Every line of the records below from the line with "Attendance: 0" up to and including the line with "00:24:03CET 12 Mar 2020" must be reproduced exactly, and no line outside that range.

##### Listed entries #####

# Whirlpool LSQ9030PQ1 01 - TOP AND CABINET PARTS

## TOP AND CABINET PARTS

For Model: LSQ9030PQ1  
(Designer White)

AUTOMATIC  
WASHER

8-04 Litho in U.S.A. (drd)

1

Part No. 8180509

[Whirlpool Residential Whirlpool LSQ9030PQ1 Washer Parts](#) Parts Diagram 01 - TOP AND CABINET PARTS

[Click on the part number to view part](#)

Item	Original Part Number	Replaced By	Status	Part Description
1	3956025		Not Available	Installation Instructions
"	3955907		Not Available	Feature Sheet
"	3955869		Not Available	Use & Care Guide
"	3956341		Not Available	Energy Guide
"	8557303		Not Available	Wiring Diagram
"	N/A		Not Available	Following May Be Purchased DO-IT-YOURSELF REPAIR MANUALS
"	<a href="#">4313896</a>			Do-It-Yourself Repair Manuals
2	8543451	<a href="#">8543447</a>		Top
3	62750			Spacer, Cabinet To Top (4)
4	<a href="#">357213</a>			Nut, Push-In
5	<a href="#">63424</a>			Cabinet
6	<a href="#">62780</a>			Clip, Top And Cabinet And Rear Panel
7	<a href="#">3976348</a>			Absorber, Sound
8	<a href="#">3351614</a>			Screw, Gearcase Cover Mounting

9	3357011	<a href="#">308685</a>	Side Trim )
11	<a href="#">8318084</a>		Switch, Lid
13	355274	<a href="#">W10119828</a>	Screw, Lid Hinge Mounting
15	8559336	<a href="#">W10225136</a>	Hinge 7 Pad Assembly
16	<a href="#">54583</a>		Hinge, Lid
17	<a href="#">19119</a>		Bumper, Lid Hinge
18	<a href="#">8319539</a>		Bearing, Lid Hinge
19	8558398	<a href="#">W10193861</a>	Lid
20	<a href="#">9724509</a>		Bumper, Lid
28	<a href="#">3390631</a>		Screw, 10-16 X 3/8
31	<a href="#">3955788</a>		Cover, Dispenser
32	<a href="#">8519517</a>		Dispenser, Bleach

#####
##### Listed entries #####

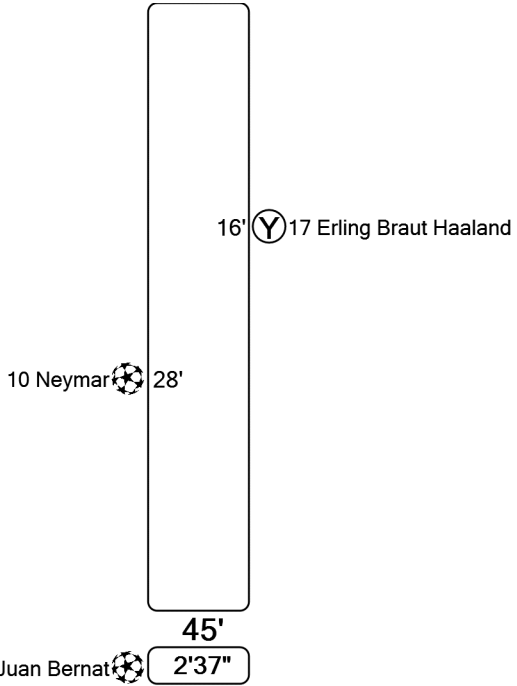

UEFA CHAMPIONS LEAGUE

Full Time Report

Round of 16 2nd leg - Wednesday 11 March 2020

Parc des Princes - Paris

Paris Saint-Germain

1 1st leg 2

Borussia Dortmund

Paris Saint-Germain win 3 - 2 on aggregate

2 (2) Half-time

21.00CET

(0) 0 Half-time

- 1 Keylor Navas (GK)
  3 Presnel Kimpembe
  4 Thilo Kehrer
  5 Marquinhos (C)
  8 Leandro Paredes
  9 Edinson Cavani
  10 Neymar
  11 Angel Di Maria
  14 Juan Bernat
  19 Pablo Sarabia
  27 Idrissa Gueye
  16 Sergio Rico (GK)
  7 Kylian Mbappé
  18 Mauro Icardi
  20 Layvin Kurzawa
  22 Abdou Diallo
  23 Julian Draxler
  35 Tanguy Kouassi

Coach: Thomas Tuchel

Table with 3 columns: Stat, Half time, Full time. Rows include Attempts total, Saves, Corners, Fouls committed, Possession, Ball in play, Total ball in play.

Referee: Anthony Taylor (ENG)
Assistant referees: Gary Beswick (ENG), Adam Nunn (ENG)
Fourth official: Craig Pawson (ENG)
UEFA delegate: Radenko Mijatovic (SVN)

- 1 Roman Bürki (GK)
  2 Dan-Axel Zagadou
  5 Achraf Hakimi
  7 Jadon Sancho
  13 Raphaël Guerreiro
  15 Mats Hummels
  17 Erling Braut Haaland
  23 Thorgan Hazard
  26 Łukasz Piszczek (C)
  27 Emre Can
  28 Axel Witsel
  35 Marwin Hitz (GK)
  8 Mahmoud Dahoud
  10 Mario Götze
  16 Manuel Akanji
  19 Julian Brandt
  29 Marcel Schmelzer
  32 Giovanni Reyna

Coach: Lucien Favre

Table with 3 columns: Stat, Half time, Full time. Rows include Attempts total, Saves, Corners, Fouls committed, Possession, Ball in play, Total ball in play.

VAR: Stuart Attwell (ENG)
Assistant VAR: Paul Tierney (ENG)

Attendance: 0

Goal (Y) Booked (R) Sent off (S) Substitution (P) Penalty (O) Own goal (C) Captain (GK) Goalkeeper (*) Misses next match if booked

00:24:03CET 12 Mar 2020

#####
##### Listed entries #####

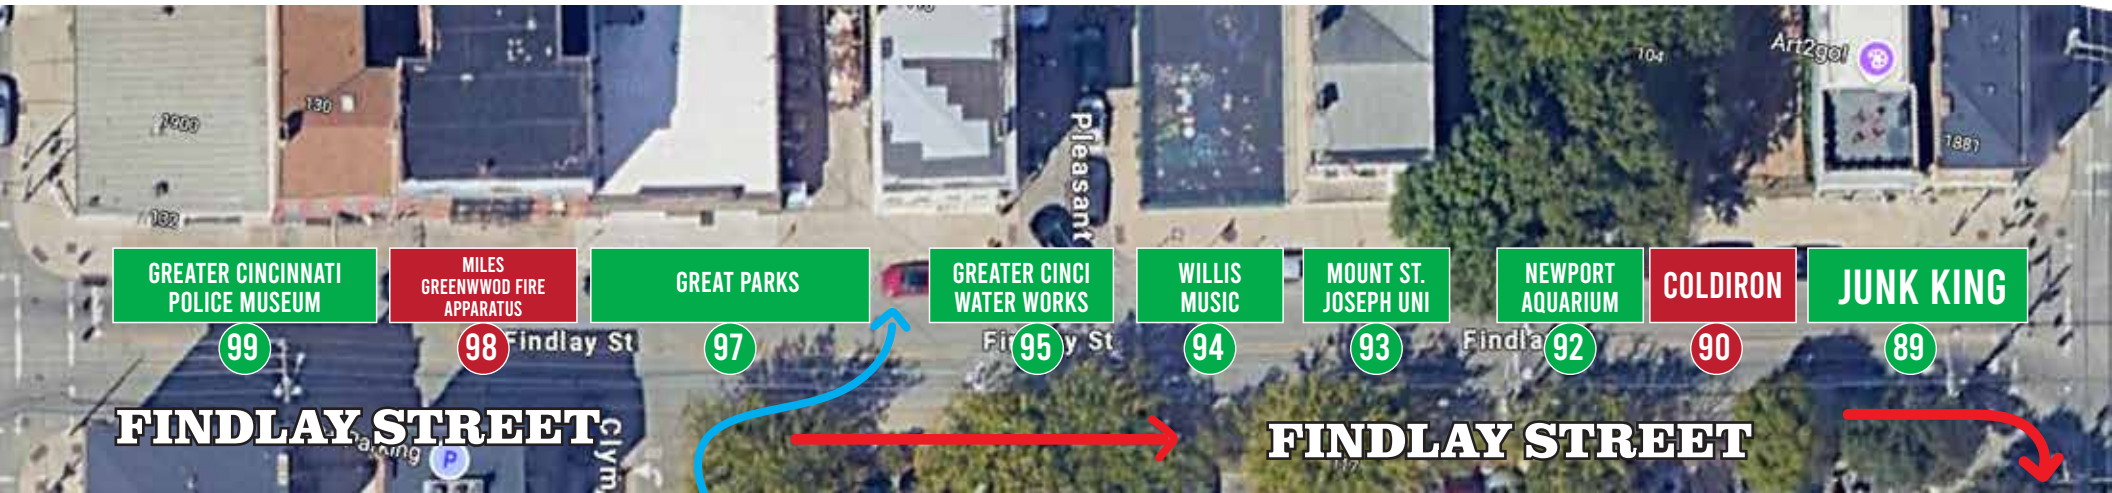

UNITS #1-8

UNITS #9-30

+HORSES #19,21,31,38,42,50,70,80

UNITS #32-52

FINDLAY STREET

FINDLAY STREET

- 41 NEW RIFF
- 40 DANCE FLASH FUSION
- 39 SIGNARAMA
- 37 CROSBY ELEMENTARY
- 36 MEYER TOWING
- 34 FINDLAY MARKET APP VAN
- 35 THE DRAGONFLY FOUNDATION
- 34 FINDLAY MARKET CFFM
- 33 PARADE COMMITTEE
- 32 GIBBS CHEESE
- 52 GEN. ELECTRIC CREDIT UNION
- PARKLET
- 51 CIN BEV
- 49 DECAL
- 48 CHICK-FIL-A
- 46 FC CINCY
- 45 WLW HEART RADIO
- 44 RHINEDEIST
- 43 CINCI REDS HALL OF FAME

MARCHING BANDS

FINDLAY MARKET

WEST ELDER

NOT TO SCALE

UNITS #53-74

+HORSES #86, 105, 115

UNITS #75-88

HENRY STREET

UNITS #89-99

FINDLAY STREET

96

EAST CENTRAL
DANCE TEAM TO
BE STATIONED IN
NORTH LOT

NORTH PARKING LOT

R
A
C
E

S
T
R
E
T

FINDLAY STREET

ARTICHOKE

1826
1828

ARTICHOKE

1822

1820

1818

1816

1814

#####

Finished exercise:
Attendance: 0

Goal (Y) Booked (R) Sent off (S) Substitution (P) Penalty (O) Own goal (C) Captain (GK) Goalkeeper (*) Misses next match if booked

00:24:03CET 12 Mar 2020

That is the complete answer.